§ Task statement: In your copy, include no images, and write out every entry below exactly as it stands.

§ Data to process:
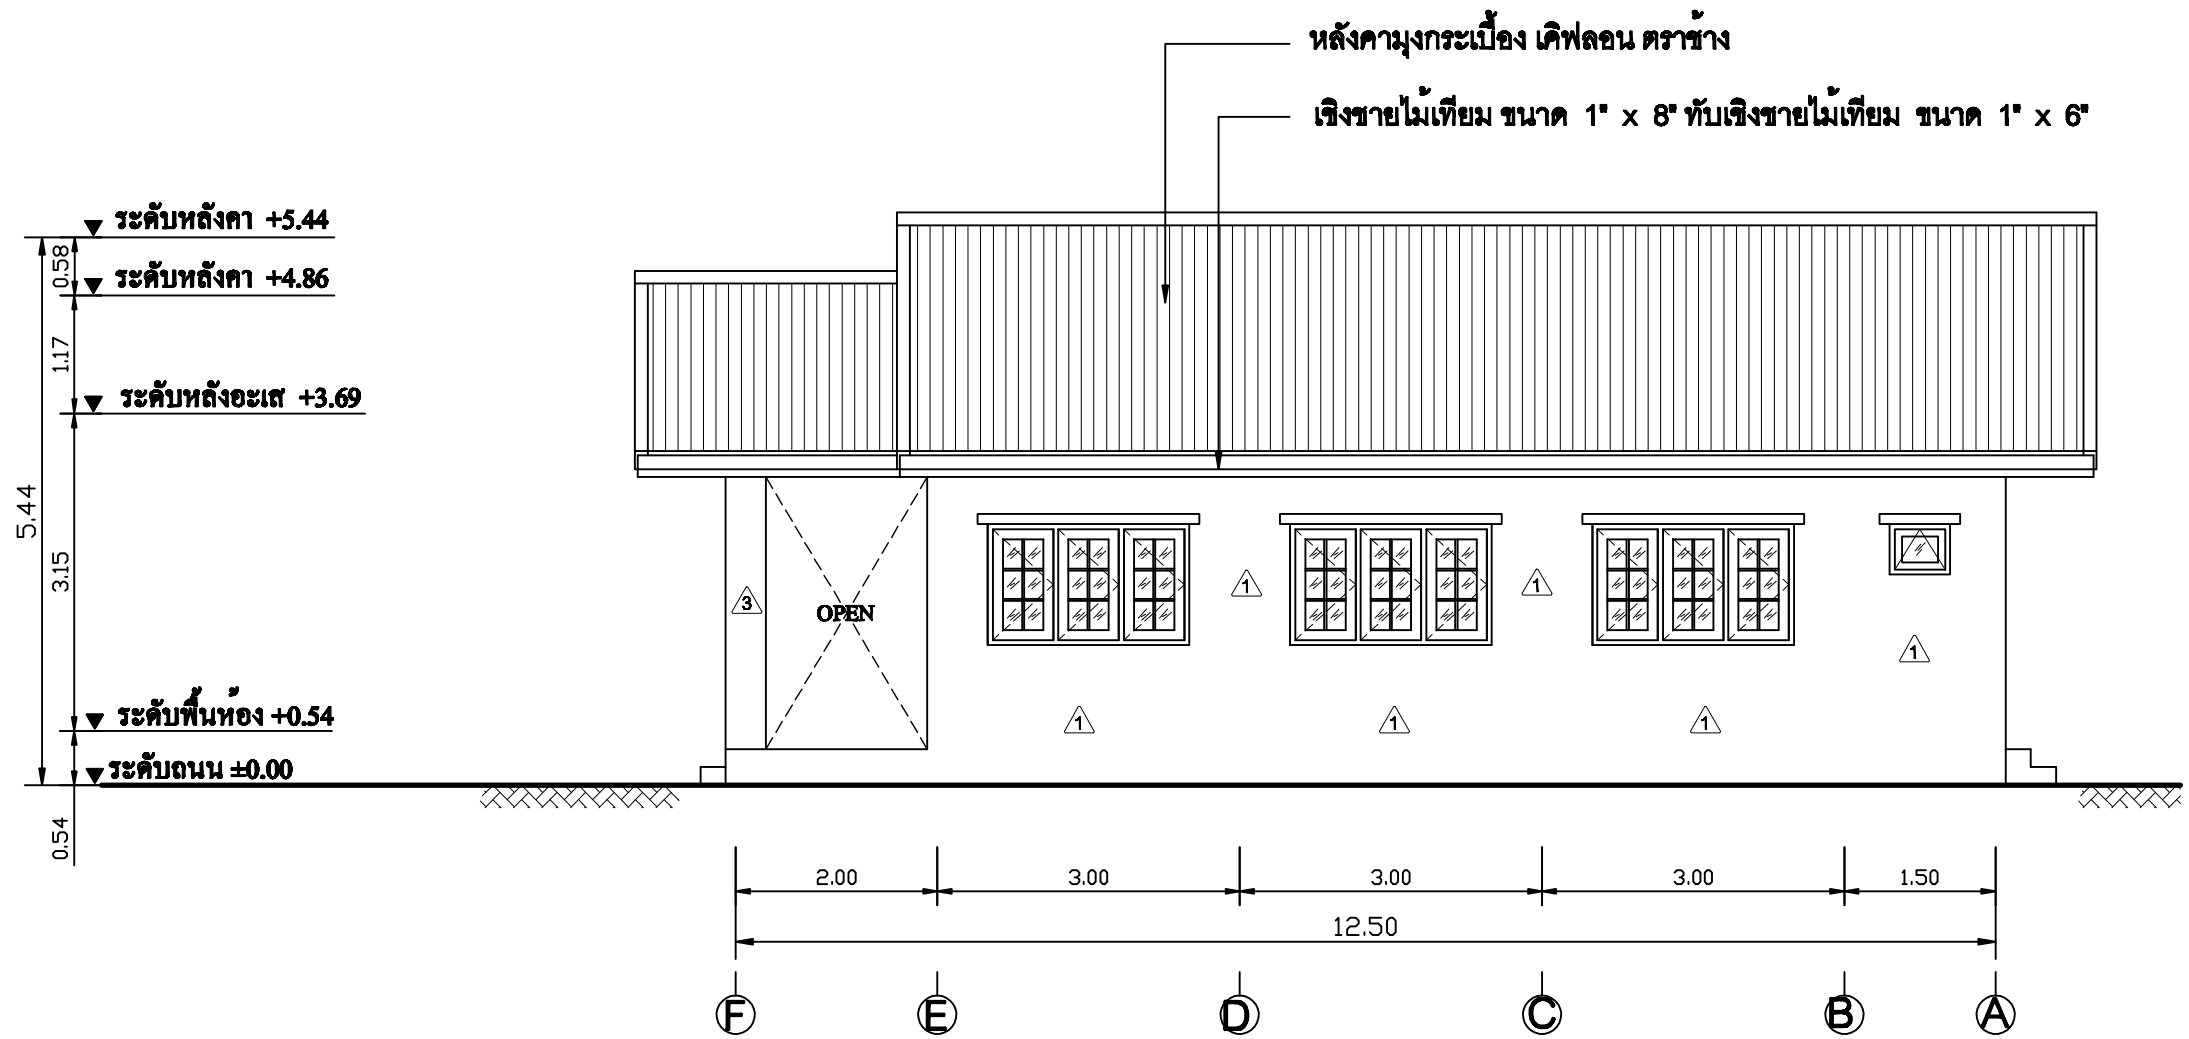

รูปด้าน 3
SCALE 1:75

รูปด้าน 4
SCALE 1:75

SIAMPLAN.COM

รับเขียนแบบบ้าน ราคาประหยัด
รับสร้างบ้าน อาคาร โรงงาน
Tel : 081-6177145
http://www.siamplan.com

บ้านพักอาศัย
คอนกรีตเสริมเหล็ก
ชั้นเดียว

เจ้าของโครงการ

วันที่เขียน

แผ่นที่

จำนวนแผ่น

A-06

§ Task result:
รูปด้าน 3
SCALE 1:75

รูปด้าน 4
SCALE 1:75

SIAMPLAN.COM

รับเขียนแบบบ้าน ราคาประหยัด
รับสร้างบ้าน อาคาร โรงงาน
Tel : 081-6177145
http://www.siamplan.com

บ้านพักอาศัย
คอนกรีตเสริมเหล็ก
ชั้นเดียว

เจ้าของโครงการ

วันที่เขียน

แผ่นที่

จำนวนแผ่น

A-06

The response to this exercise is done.